:: SOURCE DATA
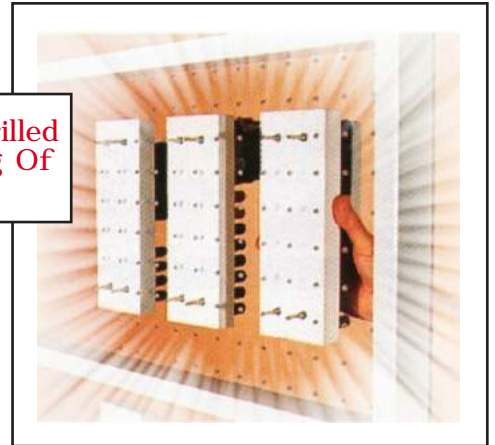

Three Phase Power Supply Unit With Metering Facility AC/DC 220/380 Volts Via Circuit Breaker and Keyswitch

All Amron Plug- In Modules Are Easily And Effectively Accommodated In The Ultra- High Impact Acrylic Matrix

ELECTRICAL WORKSTATIONS AND POWER SUPPLIES

The Matrix Is Precision Drilled To Ensure Secure Mounting Of The Modules.

Bench-Top Power Supplies And Meter Units Are Available For Both High and Low Voltage Applications.
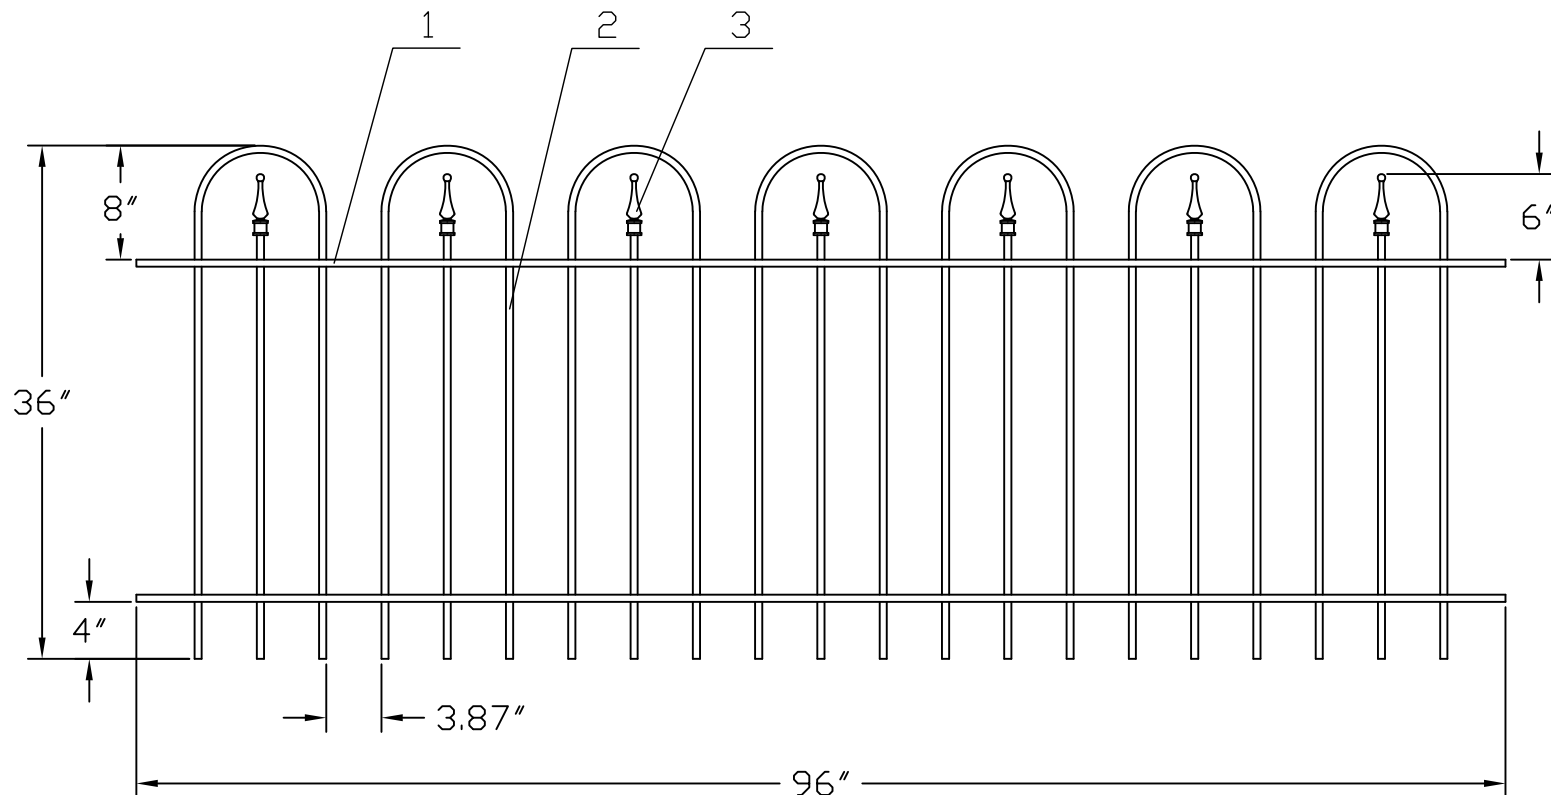

3'H X 8'W STRONGHOLD IRON FENCE PANEL
 TRADITIONAL GRADE - STYLE #12: HOOP AND PICKET

www.ironfenceshop.com
 (800) 261-2729

NO.	MATERIAL	QTY
1	┌ 1"X½"X½"	2
2	½"X½"X18ga	21
3	4" CAST IRON FINIAL	7

TP0308HP
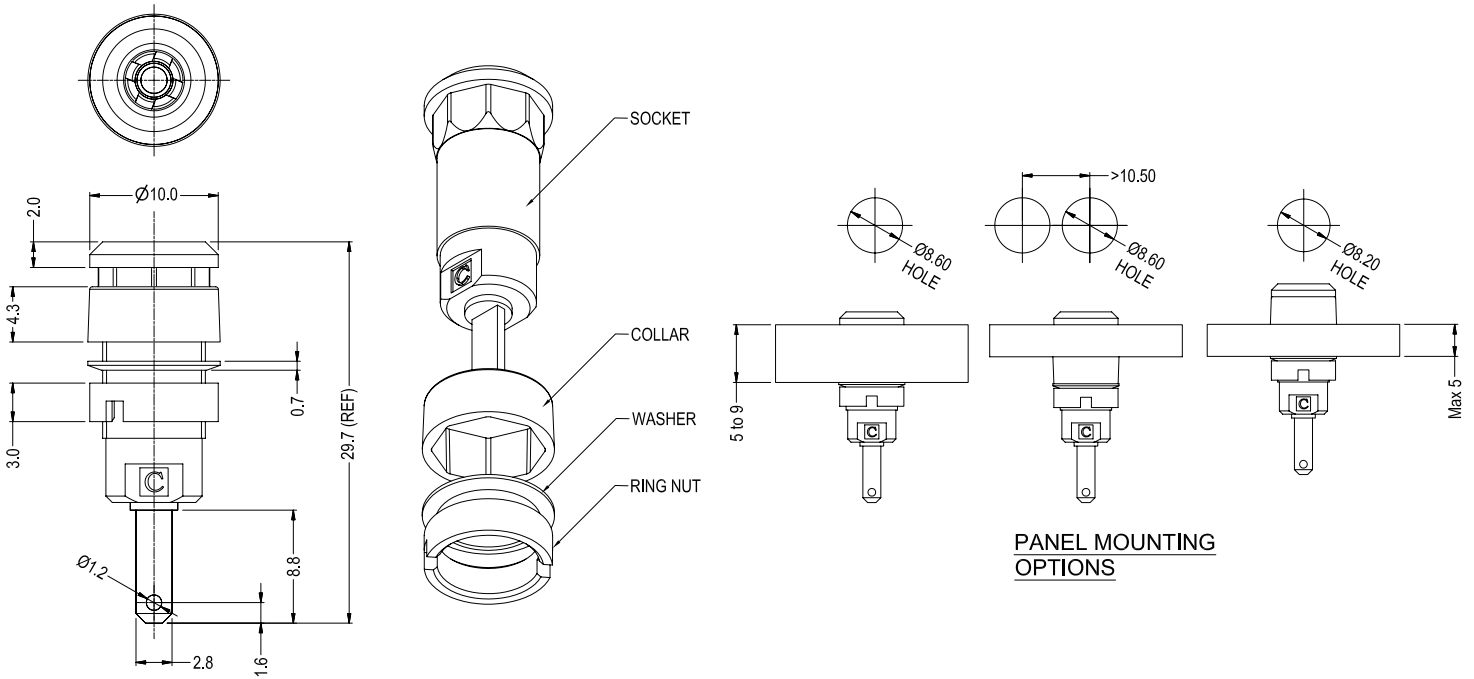

CLIFF

2mm PANEL SOCKET S18

FCR7360B
S18 BLK 2.8mm TAB

FCR7360G
S18 GRN 2.8mm TAB

FCR7360L
S18 BLU 2.8mm TAB

FCR7360R
S18 RED 2.8mm TAB

FCR7360Y
S18 YEL 2.8mm TAB

For further information, contact: sales@cliffuk.co.uk

2mm PLUG P18 & P18S

P18 UNSHROUDED

FCR7365B
P18 2mm PLUG
UNSHROUDED BLACK
SUPPLIED UNASSEMBLED

FCR7365G
P18 2mm PLUG
UNSHROUDED GREEN
SUPPLIED UNASSEMBLED

FCR7365L
P18 2mm PLUG
UNSHROUDED BLUE
SUPPLIED UNASSEMBLED

FCR7366L
P18S 2mm PLUG
SHROUDED BLUE
SUPPLIED UNASSEMBLED

FCR7366R
P18S 2mm PLUG
SHROUDED RED
SUPPLIED UNASSEMBLED

FCR7366Y
P18S 2mm PLUG
SHROUDED YELLOW
SUPPLIED UNASSEMBLED

For further information, contact: sales@cliffuk.co.uk
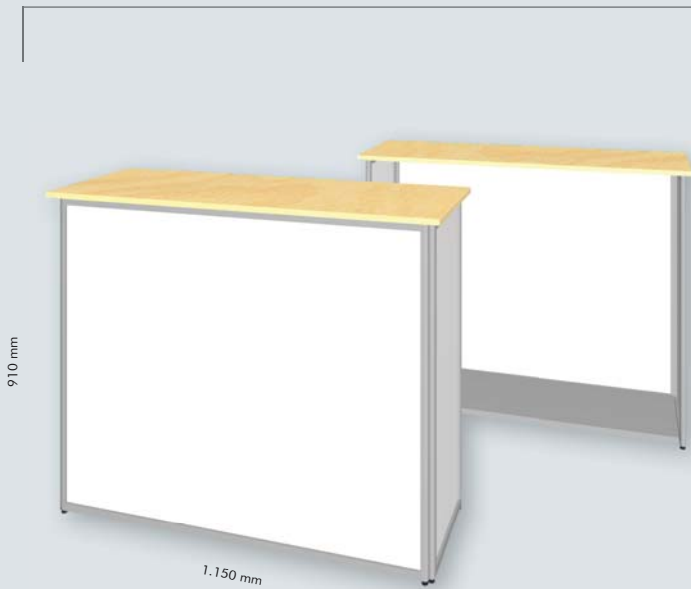

DESKS

Rectangular desk - large €443,--
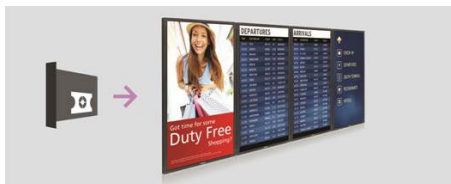

OPS Insert

Turn your display into an all-in-one digital signage solution and create a display network that is connected, intelligent and secure. Open Pluggable Specification (OPS) is an industry-standard slot into which you can add an OPS-standardised media player. This cable-free solution gives you the ability to install, use or maintain your hardware whenever you need to.
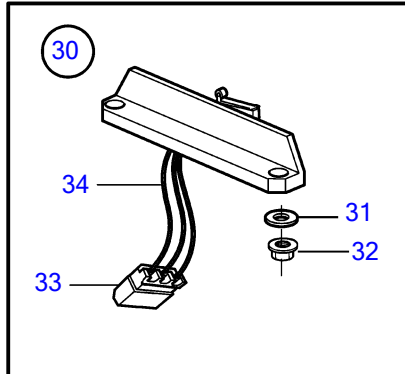

8.1IPSCE-JF, 8.1IPSCE-MF

26372

8.1IPSCE-JF, 8.1IPSCE-MF

REF	PART NO.	QTY	DESCRIPTION	SEE SEC.	NOTES
1	3819900	1	Control, black		For twin installation., Black., With neutralswitch.
			• Bulletin P-28-4-13	P-28-4-13-EN	New Electronic Controls for EVC Engines
1	3819902	1	Control, stainless		For twin installation., Stainless., With neutralswitch.
			• Bulletin P-28-4-13	P-28-4-13-EN	New Electronic Controls for EVC Engines
2		1	• Housing		
3	3581674	1	• Gasket		
4		1	• Plate		
5	3581666	2	• Friction washer		
6		2	• Disc		
7		2	• Spring		
8		2	• Guide lug		
9		2	• Spacer ring		
10	3581676	2	• Ring		
11	(3581668)	2	• Gear		Obsolete part
12	1336385	2	• Potentiometer		
13		4	• Washer		
14	3581678	2	• Screw		
15	3581680	2	• Nut		
16		2	• Washer		
17	3581681	2	• Screw		
18		2	• Shift lever		
19	3581675	2	• Ball		
20	(3581673)	2	• Bearing		Obsolete part
21		2	• Washer		
22		2	• Disc spring		
23		2	• Washer		
24		2	• Adjusting screw		
25	3581686	4	• Nut		
26	3584000	2	• Decal		Volvo Penta
	3581669	2	• Decal		EDC
27		4	• Stud		
28	3582830	2	• Plug		Plastic, For 874663
		2	• Plug		Stainless., For 874813
29		4	• Washer		
30	3819903	2	• Microswitch		
31		4	• • Washer		
32		4	• • Nut		
33		X	• • Insulator		See group 30
34		X	• • Cable		See group 30
35	21256757	1	Cable kit		
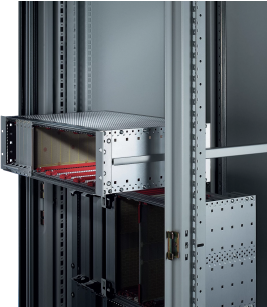

# Telescopic Slides C-Profile for Cabinet

Telescopic slides with guiding profile for fitting in cabinets with 25 kg load capacity.

## VLASTNOSTI

For mounting 84 HP wide subracks in the 19" plane

Loading capacity: 25 kg per pair

The guiding profile (1) is matched to the fixing dimension in the cabinet (it is bolted to the 19" profile of the cabinet); the adaptor Rail (3) is matched to the depth and fixing dimension on the subrack (it is inserted into the guiding profile like a telescopic slide)
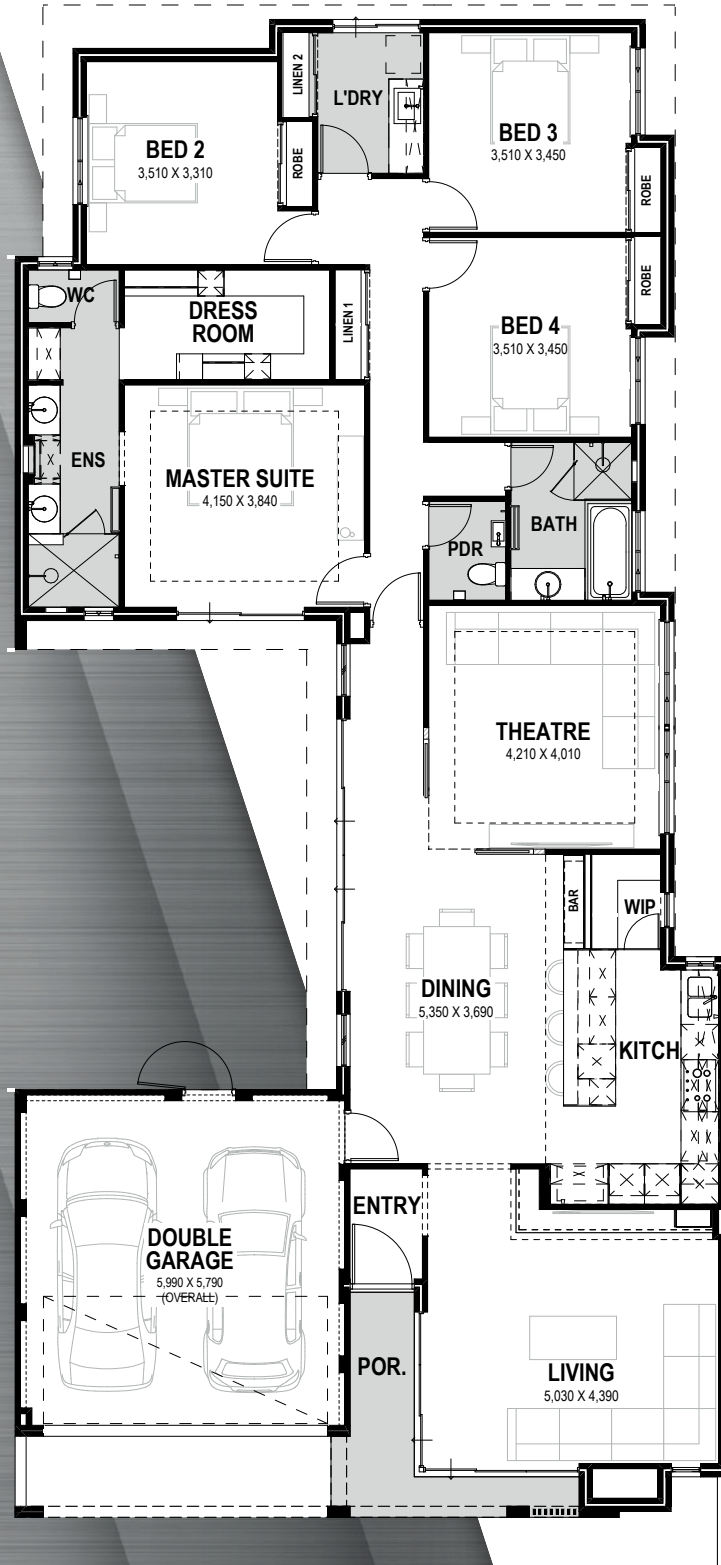

TOTAL AREA
269.88m²
Suits 12.5m frontage

Note:
All measurements
are approximate

Progress Watcher™

Follow the progress of your new home from contract signing to finish – from the comfort of your own computer!
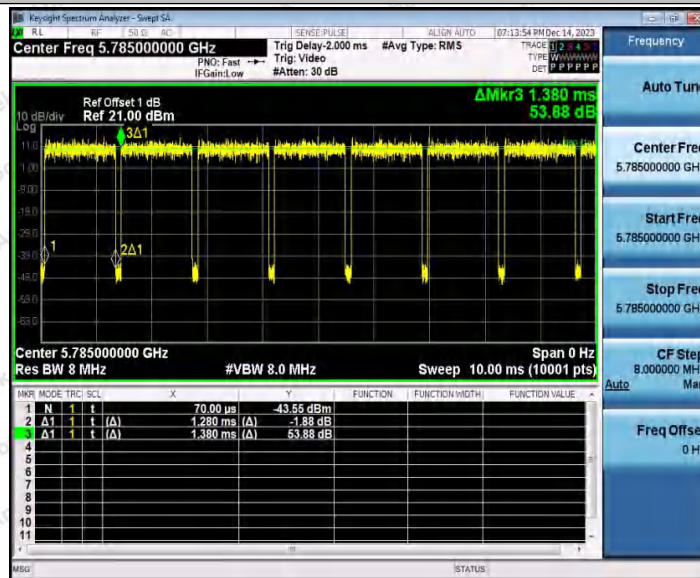

11AC20SISO_Ant1_5825

Shenzhen Anbotek Compliance Laboratory Limited

Address: 1/F., Building D, Sogood Science and Technology Park, Sanwei Community, Hangcheng Street, Bao'an District, Shenzhen, Guangdong, China.
Tel: (86) 0755-26066440 Fax: (86) 0755-26014772 Email: service@anbotek.com

Hotline 400-003-0500
www.anbotek.com.cn
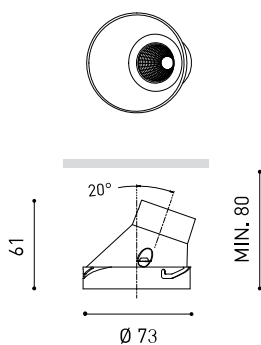

DIMENSIONS

ACCESSORIES

HIGH CHROMATIC LED

TRIMLESS ACCESSORY
(MANDATORY)

Name	SHOT LIGHT M ASYMM TRIMLESS 3 3000K N
Reference	A2981311N
Color	Black
RAL	Colour in the mass looks alike RAL 9005
Category	CEILING RECESSED

OTHER DATA

IP20

Please Consult

Please Consult

Ø85 mm

245 g

220 g

101 x 95 x 88 mm

Lighting efficiency	83%
Light beam angle	38°

Driver	Included - Connected
Power values of the system	11,92 W
Frequency	50/60 Hz
Dimming	No Dim - Other DIM, please consult
Electrical insulation class	

Sealing	IP20
Wireless control	Please Consult
Emergency power supply	Please Consult
Recess measurements	Ø85 mm
Weight	245 g
Packaged weight	220 g
Packaging dimensions	101 x 95 x 88 mm
Units per package	1
Materials	Aluminium / Acrylonitrile Butadiene Styrene / Polycarbonate
::::
▶ WHAT THE EXERCISE ASKS
Word-for-word repeat, images excluded: return all the data.

▶ PROBLEM SOLUTION
Three Phase Power Supply Unit With Metering Facility AC/DC 220/380 Volts Via Circuit Breaker and Keyswitch

All Amron Plug- In Modules Are Easily And Effectively Accommodated In The Ultra- High Impact Acrylic Matrix

ELECTRICAL WORKSTATIONS AND POWER SUPPLIES

The Matrix Is Precision Drilled To Ensure Secure Mounting Of The Modules.

Bench-Top Power Supplies And Meter Units Are Available For Both High and Low Voltage Applications.

3'H X 8'W STRONGHOLD IRON FENCE PANEL
 TRADITIONAL GRADE - STYLE #12: HOOP AND PICKET

www.ironfenceshop.com
 (800) 261-2729

NO.	MATERIAL	QTY
1	┌ 1"X½"X½"	2
2	½"X½"X18ga	21
3	4" CAST IRON FINIAL	7

TP0308HP

CLIFF

2mm PANEL SOCKET S18

FCR7360B
S18 BLK 2.8mm TAB

FCR7360G
S18 GRN 2.8mm TAB

FCR7360L
S18 BLU 2.8mm TAB

FCR7360R
S18 RED 2.8mm TAB

FCR7360Y
S18 YEL 2.8mm TAB

For further information, contact: sales@cliffuk.co.uk

2mm PLUG P18 & P18S

P18 UNSHROUDED

FCR7365B
P18 2mm PLUG
UNSHROUDED BLACK
SUPPLIED UNASSEMBLED

FCR7365G
P18 2mm PLUG
UNSHROUDED GREEN
SUPPLIED UNASSEMBLED

FCR7365L
P18 2mm PLUG
UNSHROUDED BLUE
SUPPLIED UNASSEMBLED

FCR7366L
P18S 2mm PLUG
SHROUDED BLUE
SUPPLIED UNASSEMBLED

FCR7366R
P18S 2mm PLUG
SHROUDED RED
SUPPLIED UNASSEMBLED

FCR7366Y
P18S 2mm PLUG
SHROUDED YELLOW
SUPPLIED UNASSEMBLED

For further information, contact: sales@cliffuk.co.uk

DESKS

Rectangular desk - large €443,--

OPS Insert

Turn your display into an all-in-one digital signage solution and create a display network that is connected, intelligent and secure. Open Pluggable Specification (OPS) is an industry-standard slot into which you can add an OPS-standardised media player. This cable-free solution gives you the ability to install, use or maintain your hardware whenever you need to.

8.1IPSCE-JF, 8.1IPSCE-MF

26372

8.1IPSCE-JF, 8.1IPSCE-MF

REF	PART NO.	QTY	DESCRIPTION	SEE SEC.	NOTES
1	3819900	1	Control, black		For twin installation., Black., With neutralswitch.
			• Bulletin P-28-4-13	P-28-4-13-EN	New Electronic Controls for EVC Engines
1	3819902	1	Control, stainless		For twin installation., Stainless., With neutralswitch.
			• Bulletin P-28-4-13	P-28-4-13-EN	New Electronic Controls for EVC Engines
2		1	• Housing		
3	3581674	1	• Gasket		
4		1	• Plate		
5	3581666	2	• Friction washer		
6		2	• Disc		
7		2	• Spring		
8		2	• Guide lug		
9		2	• Spacer ring		
10	3581676	2	• Ring		
11	(3581668)	2	• Gear		Obsolete part
12	1336385	2	• Potentiometer		
13		4	• Washer		
14	3581678	2	• Screw		
15	3581680	2	• Nut		
16		2	• Washer		
17	3581681	2	• Screw		
18		2	• Shift lever		
19	3581675	2	• Ball		
20	(3581673)	2	• Bearing		Obsolete part
21		2	• Washer		
22		2	• Disc spring		
23		2	• Washer		
24		2	• Adjusting screw		
25	3581686	4	• Nut		
26	3584000	2	• Decal		Volvo Penta
	3581669	2	• Decal		EDC
27		4	• Stud		
28	3582830	2	• Plug		Plastic, For 874663
		2	• Plug		Stainless., For 874813
29		4	• Washer		
30	3819903	2	• Microswitch		
31		4	• • Washer		
32		4	• • Nut		
33		X	• • Insulator		See group 30
34		X	• • Cable		See group 30
35	21256757	1	Cable kit		

# Telescopic Slides C-Profile for Cabinet

Telescopic slides with guiding profile for fitting in cabinets with 25 kg load capacity.

## VLASTNOSTI

For mounting 84 HP wide subracks in the 19" plane

Loading capacity: 25 kg per pair

The guiding profile (1) is matched to the fixing dimension in the cabinet (it is bolted to the 19" profile of the cabinet); the adaptor Rail (3) is matched to the depth and fixing dimension on the subrack (it is inserted into the guiding profile like a telescopic slide)

TOTAL AREA
269.88m²
Suits 12.5m frontage

Note:
All measurements
are approximate

Progress Watcher™

Follow the progress of your new home from contract signing to finish – from the comfort of your own computer!

11AC20SISO_Ant1_5825

Shenzhen Anbotek Compliance Laboratory Limited

Address: 1/F., Building D, Sogood Science and Technology Park, Sanwei Community, Hangcheng Street, Bao'an District, Shenzhen, Guangdong, China.
Tel: (86) 0755-26066440 Fax: (86) 0755-26014772 Email: service@anbotek.com

Hotline 400-003-0500
www.anbotek.com.cn

DIMENSIONS

ACCESSORIES

HIGH CHROMATIC LED

TRIMLESS ACCESSORY
(MANDATORY)

Name	SHOT LIGHT M ASYMM TRIMLESS 3 3000K N
Reference	A2981311N
Color	Black
RAL	Colour in the mass looks alike RAL 9005
Category	CEILING RECESSED

OTHER DATA

IP20

Please Consult

Please Consult

Ø85 mm

245 g

220 g

101 x 95 x 88 mm

Lighting efficiency	83%
Light beam angle	38°

Driver	Included - Connected
Power values of the system	11,92 W
Frequency	50/60 Hz
Dimming	No Dim - Other DIM, please consult
Electrical insulation class	

Sealing	IP20
Wireless control	Please Consult
Emergency power supply	Please Consult
Recess measurements	Ø85 mm
Weight	245 g
Packaged weight	220 g
Packaging dimensions	101 x 95 x 88 mm
Units per package	1
Materials	Aluminium / Acrylonitrile Butadiene Styrene / Polycarbonate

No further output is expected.